(Beginning of Records supplied)

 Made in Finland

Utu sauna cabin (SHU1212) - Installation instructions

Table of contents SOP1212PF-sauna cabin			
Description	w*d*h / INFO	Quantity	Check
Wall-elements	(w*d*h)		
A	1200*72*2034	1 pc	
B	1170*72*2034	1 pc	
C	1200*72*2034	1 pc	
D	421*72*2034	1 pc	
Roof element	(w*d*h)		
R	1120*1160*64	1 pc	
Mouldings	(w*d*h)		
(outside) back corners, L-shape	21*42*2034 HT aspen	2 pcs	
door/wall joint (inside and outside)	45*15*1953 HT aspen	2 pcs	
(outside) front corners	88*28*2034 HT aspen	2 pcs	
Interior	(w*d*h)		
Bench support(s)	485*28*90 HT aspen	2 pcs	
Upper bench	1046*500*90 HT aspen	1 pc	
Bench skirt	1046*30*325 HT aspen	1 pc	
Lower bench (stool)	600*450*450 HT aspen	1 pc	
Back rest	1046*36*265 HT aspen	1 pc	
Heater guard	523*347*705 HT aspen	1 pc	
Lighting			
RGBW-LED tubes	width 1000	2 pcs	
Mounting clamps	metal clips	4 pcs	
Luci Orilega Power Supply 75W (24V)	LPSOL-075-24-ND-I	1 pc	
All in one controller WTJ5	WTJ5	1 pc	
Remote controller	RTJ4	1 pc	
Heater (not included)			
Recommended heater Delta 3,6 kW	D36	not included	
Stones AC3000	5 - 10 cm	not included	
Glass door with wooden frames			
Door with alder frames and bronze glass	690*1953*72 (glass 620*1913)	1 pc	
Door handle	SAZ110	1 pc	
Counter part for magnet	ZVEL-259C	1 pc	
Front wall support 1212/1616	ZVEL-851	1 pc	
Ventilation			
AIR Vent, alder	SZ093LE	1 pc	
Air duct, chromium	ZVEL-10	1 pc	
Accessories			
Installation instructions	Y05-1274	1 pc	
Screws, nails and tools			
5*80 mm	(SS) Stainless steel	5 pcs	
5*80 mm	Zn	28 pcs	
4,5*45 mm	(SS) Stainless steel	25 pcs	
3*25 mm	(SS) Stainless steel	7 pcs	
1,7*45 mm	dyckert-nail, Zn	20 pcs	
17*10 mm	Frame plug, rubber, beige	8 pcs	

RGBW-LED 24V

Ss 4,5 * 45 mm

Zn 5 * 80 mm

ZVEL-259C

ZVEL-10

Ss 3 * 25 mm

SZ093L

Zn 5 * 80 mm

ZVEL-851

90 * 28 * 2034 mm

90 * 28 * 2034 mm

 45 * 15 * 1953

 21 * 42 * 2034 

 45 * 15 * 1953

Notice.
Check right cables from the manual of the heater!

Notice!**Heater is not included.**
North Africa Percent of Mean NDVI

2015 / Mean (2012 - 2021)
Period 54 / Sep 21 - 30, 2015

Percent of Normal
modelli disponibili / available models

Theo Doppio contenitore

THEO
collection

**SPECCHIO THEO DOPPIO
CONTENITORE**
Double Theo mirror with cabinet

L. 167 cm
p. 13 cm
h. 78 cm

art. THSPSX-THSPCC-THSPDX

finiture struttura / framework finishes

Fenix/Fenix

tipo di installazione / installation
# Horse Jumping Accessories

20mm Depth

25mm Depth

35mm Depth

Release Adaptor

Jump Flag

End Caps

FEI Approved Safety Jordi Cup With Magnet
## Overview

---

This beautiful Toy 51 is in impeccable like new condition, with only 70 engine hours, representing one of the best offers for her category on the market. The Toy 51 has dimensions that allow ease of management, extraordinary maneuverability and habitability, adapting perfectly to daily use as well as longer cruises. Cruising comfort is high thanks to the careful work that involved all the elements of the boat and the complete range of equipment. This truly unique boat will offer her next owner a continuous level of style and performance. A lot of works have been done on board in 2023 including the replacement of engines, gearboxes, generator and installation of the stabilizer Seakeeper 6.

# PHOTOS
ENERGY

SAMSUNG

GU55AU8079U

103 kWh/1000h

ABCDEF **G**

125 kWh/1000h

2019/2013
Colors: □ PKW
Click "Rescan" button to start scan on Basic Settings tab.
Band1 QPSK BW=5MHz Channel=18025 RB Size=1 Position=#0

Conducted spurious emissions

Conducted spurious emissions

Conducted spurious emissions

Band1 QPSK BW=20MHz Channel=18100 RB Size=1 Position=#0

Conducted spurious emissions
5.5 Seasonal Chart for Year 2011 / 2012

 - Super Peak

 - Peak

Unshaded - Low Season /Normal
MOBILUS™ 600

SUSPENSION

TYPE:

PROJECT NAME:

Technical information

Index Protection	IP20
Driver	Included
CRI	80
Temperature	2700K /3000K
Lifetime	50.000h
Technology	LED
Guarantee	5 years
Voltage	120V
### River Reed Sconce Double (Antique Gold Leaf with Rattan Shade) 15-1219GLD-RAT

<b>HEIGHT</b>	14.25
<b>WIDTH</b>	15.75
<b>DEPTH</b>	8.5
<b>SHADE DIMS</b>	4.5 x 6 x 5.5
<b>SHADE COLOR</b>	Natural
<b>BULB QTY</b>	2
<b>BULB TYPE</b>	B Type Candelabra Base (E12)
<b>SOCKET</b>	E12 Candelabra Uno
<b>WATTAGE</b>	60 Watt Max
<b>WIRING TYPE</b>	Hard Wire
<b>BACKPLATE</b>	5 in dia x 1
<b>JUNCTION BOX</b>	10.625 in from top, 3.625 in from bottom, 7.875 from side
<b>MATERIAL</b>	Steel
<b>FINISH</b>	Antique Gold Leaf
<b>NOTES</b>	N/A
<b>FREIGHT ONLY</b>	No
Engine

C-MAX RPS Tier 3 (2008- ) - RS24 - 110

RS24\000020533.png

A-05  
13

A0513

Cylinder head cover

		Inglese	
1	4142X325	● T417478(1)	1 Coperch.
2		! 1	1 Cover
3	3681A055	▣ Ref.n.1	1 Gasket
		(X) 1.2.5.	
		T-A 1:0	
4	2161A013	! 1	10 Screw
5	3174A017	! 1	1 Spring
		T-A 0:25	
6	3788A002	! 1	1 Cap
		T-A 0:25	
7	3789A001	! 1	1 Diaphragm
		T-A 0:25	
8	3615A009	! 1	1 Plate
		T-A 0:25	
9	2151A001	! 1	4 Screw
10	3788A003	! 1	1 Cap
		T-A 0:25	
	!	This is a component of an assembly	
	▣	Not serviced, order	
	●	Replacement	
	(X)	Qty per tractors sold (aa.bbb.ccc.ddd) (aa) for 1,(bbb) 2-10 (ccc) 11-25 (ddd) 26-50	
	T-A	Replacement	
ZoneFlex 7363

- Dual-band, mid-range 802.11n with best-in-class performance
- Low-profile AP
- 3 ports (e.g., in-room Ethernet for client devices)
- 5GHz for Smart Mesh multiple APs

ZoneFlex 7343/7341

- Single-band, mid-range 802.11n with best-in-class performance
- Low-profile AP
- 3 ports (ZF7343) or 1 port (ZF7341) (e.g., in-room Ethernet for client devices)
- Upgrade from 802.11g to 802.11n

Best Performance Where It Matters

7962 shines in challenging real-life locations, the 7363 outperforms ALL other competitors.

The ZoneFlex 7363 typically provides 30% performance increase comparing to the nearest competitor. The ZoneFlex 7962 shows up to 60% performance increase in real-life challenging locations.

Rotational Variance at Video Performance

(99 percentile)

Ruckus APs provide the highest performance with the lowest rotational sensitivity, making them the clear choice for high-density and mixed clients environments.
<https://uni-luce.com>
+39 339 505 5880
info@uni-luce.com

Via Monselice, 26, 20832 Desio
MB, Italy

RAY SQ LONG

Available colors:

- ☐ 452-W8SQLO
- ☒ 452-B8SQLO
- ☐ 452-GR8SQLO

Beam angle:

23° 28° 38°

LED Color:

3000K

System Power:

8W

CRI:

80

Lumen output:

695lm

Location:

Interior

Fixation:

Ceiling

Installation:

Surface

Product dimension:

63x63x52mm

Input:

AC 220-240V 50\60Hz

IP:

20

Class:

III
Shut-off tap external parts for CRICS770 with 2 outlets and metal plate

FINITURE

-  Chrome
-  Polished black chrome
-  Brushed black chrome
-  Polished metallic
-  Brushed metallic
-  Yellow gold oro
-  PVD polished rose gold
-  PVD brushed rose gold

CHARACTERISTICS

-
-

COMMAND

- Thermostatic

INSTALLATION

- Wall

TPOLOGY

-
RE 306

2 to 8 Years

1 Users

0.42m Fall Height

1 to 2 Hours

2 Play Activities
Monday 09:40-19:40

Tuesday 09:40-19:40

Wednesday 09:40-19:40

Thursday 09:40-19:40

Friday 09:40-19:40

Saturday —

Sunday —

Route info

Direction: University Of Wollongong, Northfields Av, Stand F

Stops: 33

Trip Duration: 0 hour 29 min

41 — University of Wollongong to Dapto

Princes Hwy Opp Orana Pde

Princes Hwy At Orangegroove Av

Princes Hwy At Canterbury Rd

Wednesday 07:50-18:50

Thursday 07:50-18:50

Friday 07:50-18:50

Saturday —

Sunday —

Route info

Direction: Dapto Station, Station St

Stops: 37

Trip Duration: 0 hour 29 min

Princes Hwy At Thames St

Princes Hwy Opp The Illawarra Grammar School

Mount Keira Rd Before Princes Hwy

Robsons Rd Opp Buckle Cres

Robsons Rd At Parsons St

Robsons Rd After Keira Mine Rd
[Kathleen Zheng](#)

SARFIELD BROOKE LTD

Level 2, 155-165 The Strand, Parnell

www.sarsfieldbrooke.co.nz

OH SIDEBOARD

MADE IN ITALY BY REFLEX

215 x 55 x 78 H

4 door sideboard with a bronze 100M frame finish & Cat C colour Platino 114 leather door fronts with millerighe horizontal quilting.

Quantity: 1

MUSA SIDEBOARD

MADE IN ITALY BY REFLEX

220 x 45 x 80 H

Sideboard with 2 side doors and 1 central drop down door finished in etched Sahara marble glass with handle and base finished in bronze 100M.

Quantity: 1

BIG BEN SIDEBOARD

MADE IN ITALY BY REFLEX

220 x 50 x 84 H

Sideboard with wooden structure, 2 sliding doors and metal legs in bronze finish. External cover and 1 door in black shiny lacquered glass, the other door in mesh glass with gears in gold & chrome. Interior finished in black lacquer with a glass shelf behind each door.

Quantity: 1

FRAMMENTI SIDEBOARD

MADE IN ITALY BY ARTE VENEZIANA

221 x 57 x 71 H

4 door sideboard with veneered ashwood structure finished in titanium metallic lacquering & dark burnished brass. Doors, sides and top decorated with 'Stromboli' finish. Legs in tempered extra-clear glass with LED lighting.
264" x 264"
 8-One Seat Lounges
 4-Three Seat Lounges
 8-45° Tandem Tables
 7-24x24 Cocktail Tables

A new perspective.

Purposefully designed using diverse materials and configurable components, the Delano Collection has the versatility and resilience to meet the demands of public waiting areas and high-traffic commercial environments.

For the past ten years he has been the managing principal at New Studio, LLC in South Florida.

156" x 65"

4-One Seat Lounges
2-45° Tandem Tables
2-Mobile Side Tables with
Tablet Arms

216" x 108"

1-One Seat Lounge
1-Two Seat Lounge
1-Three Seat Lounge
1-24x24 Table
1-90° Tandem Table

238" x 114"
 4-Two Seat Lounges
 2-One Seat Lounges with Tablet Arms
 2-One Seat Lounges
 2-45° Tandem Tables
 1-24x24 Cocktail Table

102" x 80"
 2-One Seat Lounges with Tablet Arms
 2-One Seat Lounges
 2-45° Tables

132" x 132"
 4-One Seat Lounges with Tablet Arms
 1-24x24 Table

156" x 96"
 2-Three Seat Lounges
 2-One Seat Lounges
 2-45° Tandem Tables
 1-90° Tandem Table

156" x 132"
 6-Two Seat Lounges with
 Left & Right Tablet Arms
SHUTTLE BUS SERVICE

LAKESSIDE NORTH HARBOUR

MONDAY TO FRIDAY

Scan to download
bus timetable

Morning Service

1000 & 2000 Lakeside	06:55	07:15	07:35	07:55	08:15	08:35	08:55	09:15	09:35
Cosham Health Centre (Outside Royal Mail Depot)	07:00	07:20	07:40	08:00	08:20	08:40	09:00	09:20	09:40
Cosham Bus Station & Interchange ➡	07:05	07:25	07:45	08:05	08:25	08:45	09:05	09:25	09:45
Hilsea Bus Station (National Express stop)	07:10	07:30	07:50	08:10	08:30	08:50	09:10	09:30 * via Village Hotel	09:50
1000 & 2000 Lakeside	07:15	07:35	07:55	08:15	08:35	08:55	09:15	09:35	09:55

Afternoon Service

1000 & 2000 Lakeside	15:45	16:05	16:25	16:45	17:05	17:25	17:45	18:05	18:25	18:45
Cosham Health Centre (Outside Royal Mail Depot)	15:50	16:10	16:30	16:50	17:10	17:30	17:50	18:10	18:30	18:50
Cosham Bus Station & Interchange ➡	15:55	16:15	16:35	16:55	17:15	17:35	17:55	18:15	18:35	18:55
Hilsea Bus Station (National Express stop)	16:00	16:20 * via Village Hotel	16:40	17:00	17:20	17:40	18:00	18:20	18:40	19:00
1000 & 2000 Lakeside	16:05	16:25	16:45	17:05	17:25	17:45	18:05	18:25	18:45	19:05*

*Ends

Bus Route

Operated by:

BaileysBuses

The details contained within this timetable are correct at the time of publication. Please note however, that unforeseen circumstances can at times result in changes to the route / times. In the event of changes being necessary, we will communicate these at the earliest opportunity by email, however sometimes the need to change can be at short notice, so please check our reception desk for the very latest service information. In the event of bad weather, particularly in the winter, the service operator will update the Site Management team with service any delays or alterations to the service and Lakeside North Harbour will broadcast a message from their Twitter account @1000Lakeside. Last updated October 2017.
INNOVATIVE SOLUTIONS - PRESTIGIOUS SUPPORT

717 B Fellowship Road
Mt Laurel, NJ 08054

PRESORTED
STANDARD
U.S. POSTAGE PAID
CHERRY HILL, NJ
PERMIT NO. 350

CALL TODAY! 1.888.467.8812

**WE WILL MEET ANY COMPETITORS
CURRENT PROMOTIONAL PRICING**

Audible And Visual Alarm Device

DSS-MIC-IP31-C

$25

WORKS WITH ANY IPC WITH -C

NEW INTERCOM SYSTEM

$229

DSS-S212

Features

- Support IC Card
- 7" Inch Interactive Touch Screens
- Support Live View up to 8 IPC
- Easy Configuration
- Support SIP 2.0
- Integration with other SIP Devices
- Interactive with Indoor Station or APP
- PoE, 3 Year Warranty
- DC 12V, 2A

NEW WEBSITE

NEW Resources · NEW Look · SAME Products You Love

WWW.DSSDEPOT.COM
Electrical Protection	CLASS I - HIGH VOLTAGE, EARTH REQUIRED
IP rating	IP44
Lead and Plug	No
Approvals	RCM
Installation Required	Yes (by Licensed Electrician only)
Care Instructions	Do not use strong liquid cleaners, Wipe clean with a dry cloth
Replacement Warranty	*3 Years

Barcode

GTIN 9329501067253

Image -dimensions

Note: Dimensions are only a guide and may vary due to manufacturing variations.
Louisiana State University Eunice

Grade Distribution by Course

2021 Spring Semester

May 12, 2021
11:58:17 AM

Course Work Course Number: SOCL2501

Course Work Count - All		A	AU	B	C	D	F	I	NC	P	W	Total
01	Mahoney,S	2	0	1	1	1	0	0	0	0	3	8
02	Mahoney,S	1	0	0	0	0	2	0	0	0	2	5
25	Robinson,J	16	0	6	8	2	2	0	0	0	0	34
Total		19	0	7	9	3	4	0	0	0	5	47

(End of Records supplied)

About this task
Filter on the word "Wednesday": copy each matching line from the entries above.

Exercise solution
Wednesday 09:40-19:40
Wednesday 07:50-18:50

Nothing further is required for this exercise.